Notre Dame launches New 5+1 Postdoctoral Fellowship Program backed by $1.5 Million Mellon Foundation Grant

Author: Josh Weinhold

a_lstudents.jpg

A Lstudents

The University of Notre Dame’s College of Arts and Letters has launched a new, guaranteed postdoctoral fellowship that will incentivize timely dissertation completion and prepare graduate students to launch their careers.

Funded in part by a three-year, $1.5 million grant from the Andrew W. Mellon Foundation, the 5+1 Postdoctoral Fellowship Program guarantees that students who finish their dissertations and complete degree requirements within five years of enrollment will receive a one-year postdoctoral fellowship.

This fully funded transitional year will provide an ideal opportunity for new doctorate recipients to prepare for an increasingly competitive job market by furthering their research, expanding their teaching portfolio, or exploring career opportunities outside the academy.

“Our new program sets Notre Dame apart for its dedication to reducing time to degree and ensuring that our doctorate recipients are well positioned for postdoctoral success,” said John T. McGreevy, the I.A. O’Shaughnessy Dean of the College of Arts and Letters. “This opportunity serves as a generous reward for students in all of our programs who achieve this goal. It is not a competition—it is a commitment.”

The Mellon Foundation grant continues its long tradition of supporting innovative work in graduate education in the arts and humanities.

“Notre Dame’s commitment to improving the structure and capacity of graduate education with its creative 5+1 initiative responds to challenges facing doctoral education through curricular restructuring, a postdoctoral fellowship, and support for expanded career opportunities,” said Cristle Collins Judd, senior program officer for the Mellon Foundation. “This initiative offers an important model as part of a national conversation of how best to structure and support graduate education in the humanities.”

Beginning in fall 2016, Arts and Letters doctoral students will receive:

A base stipend annually for five years (paid over 12 months, reducing or even preventing the need for summer work)

$1,500 in a professional development account to be used for fieldwork, conferences, travel, and other research expenses (for students entering in 2015 or later)

Streamlined curricula designed to facilitate doctorate completion within five years, pushing many professionalization activities back to the sixth year

Upon completing their dissertations within five years of enrollment, doctorate recipients will earn:

An additional year of funding at a level higher than their previous stipend

Professional assessment, training, and guidance through a new multi-stage career advising program (currently in development)

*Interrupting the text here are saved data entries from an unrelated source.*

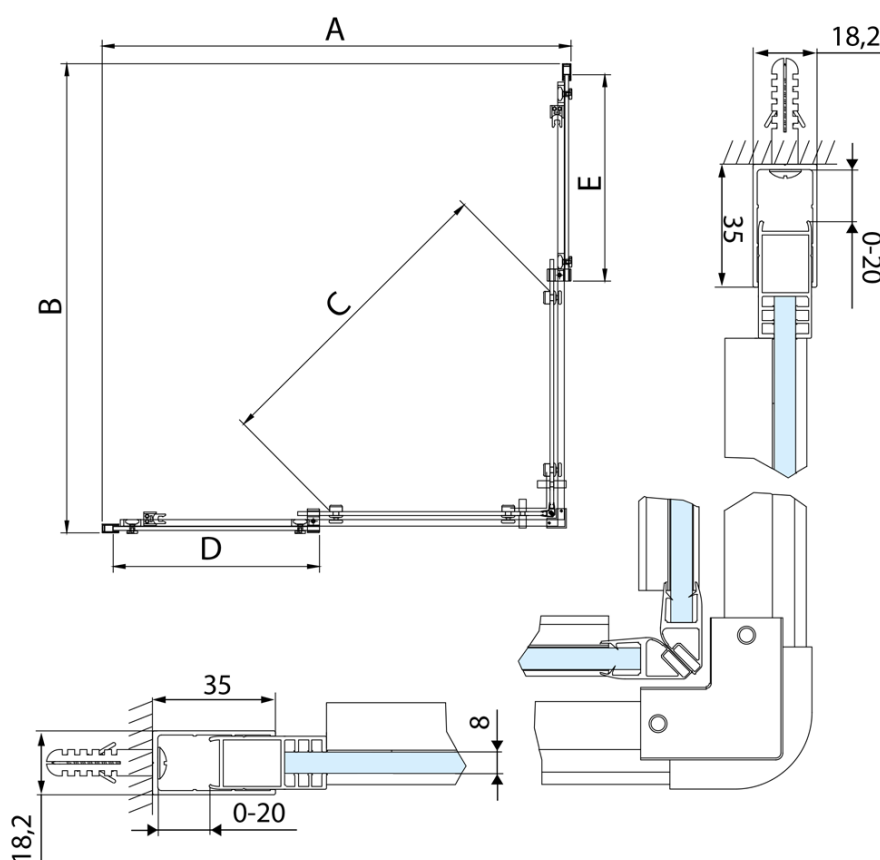

Produktový list

Objednací kód: **AL1510CAL1510C**

ALTIS LINE čtvercový sprchový kout 1000x1000 mm,
rohový vstup, čiré sklo

MODEL	A	B	C	D	E
AL1580C+AL1580C	780-800	780-800	395	331	331
AL1590C+AL1590C	880-900	880-900	455	381	381
AL1510C+AL1510C	980-1000	980-1000	525	431	431
AL1580C+AL1590C	780-800	880-900	420	331	381
AL1580C+AL1510C	780-800	980-1000	460	331	431
AL1590C+AL1510C	880-900	980-1000	490	381	431

An additional $1,500 in professional development funds

The option to spend the full year teaching one course per semester, preparing to publish work and presenting at conferences, or working in a professional position within the University

Professional placements open to postdoctoral fellows will include digital humanities internships, library internships, editorial assistant positions at the University press and academic journals housed at the University, internships with the University development office or placements with scholarly organizations based on campus.

This year’s first class of 5+1 postdoctoral fellows will take up placements at the University of Notre Dame Press, University Relations, the Rome Global Gateway and a teaching exchange at the University of Heidelberg’s Department of American Studies.

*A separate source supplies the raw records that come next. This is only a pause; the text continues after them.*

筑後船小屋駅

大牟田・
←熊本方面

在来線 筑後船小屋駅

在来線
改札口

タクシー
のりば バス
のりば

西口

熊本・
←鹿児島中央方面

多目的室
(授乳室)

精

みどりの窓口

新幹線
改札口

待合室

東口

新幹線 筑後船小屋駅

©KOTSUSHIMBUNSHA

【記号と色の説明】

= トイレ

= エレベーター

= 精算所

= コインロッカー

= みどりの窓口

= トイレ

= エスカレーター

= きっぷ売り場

Additional placement opportunities will possibly extend to off-campus museums, libraries, foundations or arts and humanities organizations.

The postdoctoral period will enable students to spend their final graduate school years focused on their crowning educational achievement—the dissertation. Then, once it is complete, they can devote the next year to professional experiences that will enhance the competitiveness of their applications to jobs both inside and outside the academy.

“Students who earn a doctorate in the humanities or the social sciences develop a wide range of skills that are applicable to many careers beyond the professoriate,” said Margaret Meserve, associate dean for the humanities. “Unlike traditional programs that only offer academic placements, our new program is intended to expand the range of experiences available to our graduates.”

Arts and Letters doctoral programs are also committed to shortening doctoral students’ time to degree, ensuring the five-year dissertation goal is attainable by reviewing and revising their programs.

In the Department of History, for example, students now complete their coursework by the end of the second year. The comprehensive exam sequence has also been reduced from four exams to three, and the third exam is now directly tied to the student’s dissertation topic. As a result, students can begin working on their dissertation months—or even a full year—earlier than before.

Jon T. Coleman, professor and director of graduate studies in the Department of History, said the program provides an essential incentive for both students and departments to ensure a doctorate is completed in the funding window provided.

“The fellowship year offers students the chance to reflect on the doctorate journey and re-imagine the course forward,” Coleman said. “I hope it will become the most creative and life-changing year in a person’s graduate career.”

The College of Arts and Letters plans to share the results of its new initiative with graduate programs at peer institutions across the country. Notre Dame will serve as a convener of conversations about graduate education, curricular development, professionalization and new models of postdoctoral support.

“We’re proud of the training our students receive in our humanities doctoral programs,” McGreevy said. “And we’re grateful that the Mellon Foundation shares our goal of encouraging students to move through these programs in an expeditious manner and widening the range of opportunities available to them after graduation.”